Всплеснула красивыми руками и замолчала на время одного взгляда, с юмором глядя на Лету и на мужа.
- Вадим, ты все же пойди, милый, - передумала решительно и мягко, - а то вдруг еще кто сядет, а мы одеяло забрали.
Дама не сказала, как ее зовут, видимо, пока просто не успела, подумала Лета, послушно улыбаясь в ответ на улыбку, ведь только зашли, а она уже будто тут сто лет живет и будто вокруг нее - настоящий дворец. Надо же, подумала Лета еще, такие оба - скрипачи, чистые душистые интеллигенты, будто картинка из журнала. Попозже придется самой спросить, как зовут, эх. А могла бы и представиться, когда спрашивала имя, ведь сутки вместе ехать.
- Петя, - вдруг воскликнула дама, мягко смеясь и отступая к самым Летиным коленкам, - ну, наконец-то! Вот твоя полка, Петенька, белье лежит, папа сейчас принесет одеяло, закроешь окно, а вообще ложись головой к двери, понял? Что там смотреть, ночь целая впереди. Это вот Лета, знакомься, полдороги вы будете вместе.
Петенька оказался таким же высоким, тонким и темноволосым, со светлым хмурым лицом. Лете он кивнул и тут же что-то шепотом возразил матери, которая тоже шепотом увещевала его, иногда поворачиваясь к Лете и извинительно мягко ей улыбаясь.
- Зубную щетку я тебе положила... - долетали из тихого разговора слова.
- Да хватит уже...
- А утром не забудь...
- Мама...
Дама-мама рассмеялась, и совсем повернувшись к Лете, развела руками.
- Вот такой уже, большой, слушать не хочет. Вы уж за ним приглядите, Лета, пожалуйста.
Большой Петя с досадой вздохнул, и Лета, улыбаясь, кивнула:
- Конечно, не волнуйтесь.
В дверях с одеялом возник муж Вадим, оказавшийся папой, и трое засуетились, неловко переступая, мешая друг другу. Петя отмахивался от материнского поцелуя, и дама, оттолкнув его изящной рукой, вышла в коридор, где топала проводница Надя, хлопая дверями пустых купе. Зимний поезд, почти без пассажиров.
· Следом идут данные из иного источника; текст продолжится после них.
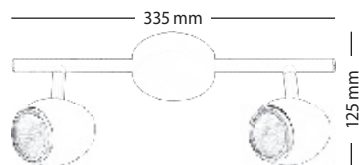

DOGGY

CHILDREN'S ROOM LIGHTS
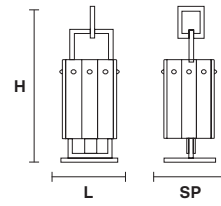

☉ 2×E14×40 W max
USA 2×E12×40 W max
 (not included)

CREK A1

L 15.5 cm / 6.10"
SP 13 cm / 5.11"
H 45 cm / 17.71"

☉ 1×E14×40 W max
USA 1×E12×40 W max
 (not included)

CREK TL 1

L 15.5 cm / 6.10"
SP 15.5 cm / 6.10"
H 41.5 cm / 17.71"
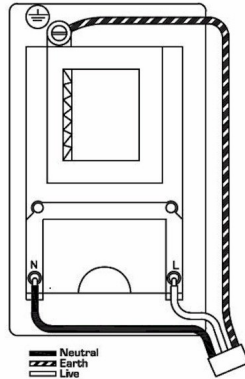

73SHSB

Hartland | HARTLAND RANGE | Power Sockets

Item Image

Wiring

Dimensions

Primary Range	Hartland
Insert Type	Shaver Dual Voltage Unswitched Socket (Vertically Mounted)
Insert Colour	Black
EAN13 Barcode	5017503231034
Commodity Code	85363010
Luckins TSI	385552163
Dimensions(Nominal)	Double: Height = 144.5mm Width = 88.0mm Depth = 5.0mm
Weight	766 GR
Switched Poles	None
Current Rating	20VA
Voltage	220/250V AC
Maximum Load	200/250V input; 115/230V 20VA output
Mains Frequency	50Hz
IP Rating	IP2XD
Contact Gap Minimum	None
Terminal Capacity 1	5 x1mm ²
Terminal Capacity 2	4x1.5mm ²
Terminal Capacity 3	3x2.5mm ²
Terminal Capacity 4	2x4mm ² Multi-strand
Terminal Capacity 5	1x6mm ²
Earth Terminal Capacity 1	9x1mm ²
Earth Terminal Capacity 2	6x1.5mm ²
Earth Terminal Capacity 3	4x2.5mm ²
Earth Terminal Capacity 4	2x4mm ² Multi-strand
Earth Terminal Capacity 5	1x6mm ²
Product Class 1	Must be earthed
Ambient Operating Temperature	-5° to +40°C
Recommended Location	Internal Use Only
Maximum Installation Altitude	2000m
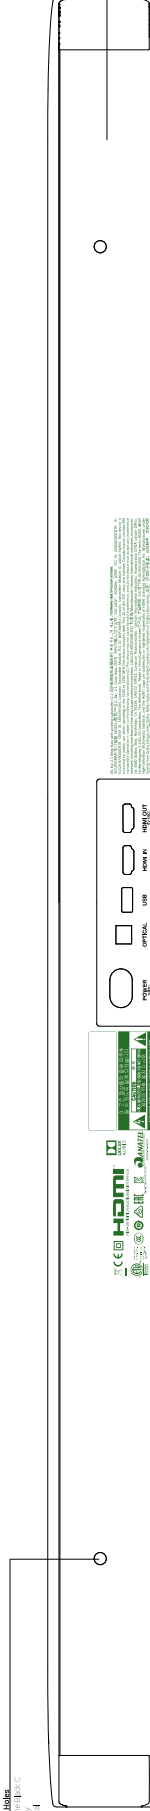

2.1 Deep Base Sound bar: Back View - Scale: 1:1

Петя чуть нагнул красивую голову, когда отец похлопал его по плечу, притягивая к себе. Не стал целовать в щеку, а так же нагнул свою, сверкнув ранней сединой, ласково боднул сына в лоб, оттолкнул как давеча мать и вышел, мягко топая в коридоре сильными мерными шагами.
Через пару минут фонарь качнулся и уплыл, из-под потолка, скрипуче проснувшись, радио сыграло марш славянки. И слегка ошеломленная Лета вытянула, наконец, замлевшие ноги. Сдвинула занавеску и тактично уставилась на белые полосы снега, расчерченные желтыми фонарями и черными рельсами.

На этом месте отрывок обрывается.